Distinct genetic profiles in colorectal tumors with or without the CpG island methylator phenotype

Abstract

Colorectal cancers (CRCs) are characterized by multiple genetic (mutations) and epigenetic (CpG island methylation) alterations, but it is not known whether these evolve independently through stochastic processes. We have recently described a novel pathway termed CpG island methylator phenotype (CIMP) in CRC, which is characterized by the simultaneous methylation of multiple CpG islands, including several known genes, such as p16, hMLH1, and THBS1. We have now studied mutations in K-RAS, p53, DPC4, and TGFbetaRII in a panel of colorectal tumors with or without CIMP. We find that CIMP defines two groups of tumors with significantly different genetic lesions: frequent K-RAS mutations were found in CIMP(+) CRCs (28/41, 68%) compared with CIMP(-) cases (14/47, 30%, P = 0.0005). By contrast, p53 mutations were found in 24% (10/41) of CIMP(+) CRCs vs. 60% (30/46) of CIMP(-) cases (P = 0.002). Both of these differences were independent of microsatellite instability. These interactions between CIMP, K-RAS mutations, and p53 mutations were preserved in colorectal adenomas, suggesting that they occur early in carcinogenesis. The distinct combinations of epigenetic and genetic alterations in each group suggest that activation of oncogenes and inactivation of tumor suppressor genes is related to the underlying mechanism of generating molecular diversity in cancer, rather than simply accumulate stochastically during cancer development.

Figure 1

Mutational analysis of K-RAS in colorectal tumors. Mutations were detected by mutant allele-specific amplification. (A). PCR reactions were first performed by using a primer mixture to detect six different mutations of K-RAS codon 12 (Upper). A second PCR reaction was then performed by using specific primers to detect the exact mutation in each case (Lower). For example, p30 was found to have a mutation by using the primer mix (Upper), and the mutation was determined to be a GGT to GAT change by using specific primers (Lower). P30, P31, P36, and P37, colorectal adenomas; H157, a human lung cancer cell line that has a mutation in codon 12 of K-RAS. “Normal” refers to normal colon (a negative control). (B) Frequencies of K-RAS mutations in colorectal tumors with or without CIMP. The frequencies of K-RAS mutations in each population were expressed as percentages. The number of tumors examined is shown at the bottom. The adenomas were divided into <1.5 cm and ≥1.5 cm.

Figure 2

Mutations of p53 and methylation of p16 in colorectal tumors. (A) Detection of p53 mutations by SSCP and direct sequencing.
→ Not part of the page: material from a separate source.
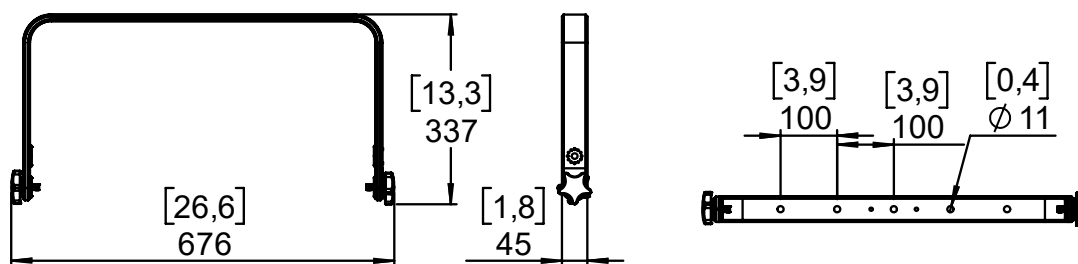

### Contenu :

Poids : 1.7 kg / 3.8 lb

## Dimensions :

Choisissez des fixations et un emplacement d'installation supportant au moins 4 fois le poids de l'ensemble.

Aberrantly migrating SSCP bands (reflecting base pair changes) are indicated by arrows (left part of each panel). Shifted bands were excised from gels and were reamplified by using the same set of primers, and direct sequencing was performed by using automated sequencers (right part of each panel). Tumor 703 has a band shift in exon 8 caused by a mutation in codon 282 (CGG to CAG). Tumor 547 has a band shift in exon 7 caused by a mutation in codon 245 (GGC to AGC). Tumor 1290 has a band shift in exon 5 caused by a 10-bp duplication that creates a premature stop codon. N, normal tissue; T, colorectal cancer. (B) Frequencies of alterations of p53 and p16 in CRCs. Forty-one CRCs are divided into four categories based on the presence of alterations of p53 (p53+) and/or p16 (p16+). Alterations of p16 and p53 were inversely correlated (P = 0.0007, Fisher's Exact test). (C) Summary of alterations of p53 and p16 in colorectal tumors with or without CIMP. The frequencies of alterations in p53 and p16 in cancers and adenomas are expressed as percentages. n, number of tumors analyzed.

Figure 3

Methylation analysis of multiple CpG islands in colorectal adenomas. (A) Methylation of multiple CpG islands detected by methylated CpG island amplification. Methylated CpG island amplification products from colon adenomas (P2–P48) were blotted on a nylon membrane and were hybridized with one of the MINT clones (indicated on the top), as well as a p16 probe. M2, MINT2; M1, MINT1; M12, MINT12; and M31, MINT31. Tumors P46, P47, and P48 showed methylation of multiple loci, indicating the presence of CIMP. Tumor P23 showed methylation of MINT31 only. (B) Methylation analysis of MINT2 by bisulfite-PCR. PCR products were digested with BstUI, which cleaves CGCG sequences that are retained after bisulfite treatment only when both cytosines are methylated. Methylated alleles are shown by arrows. Tumors P46, P47, and P48 are methylated at this locus. No methylated alleles were detected in PCR products from normal colon. RKO is a colon cancer cell line used as a positive control. (C) Methylation analysis of p16 in colorectal adenomas by MSP. U, unmethylated allele-specific primers; M, methylated allele-specific primers. Tumor P28 and P33 showed methylated alleles.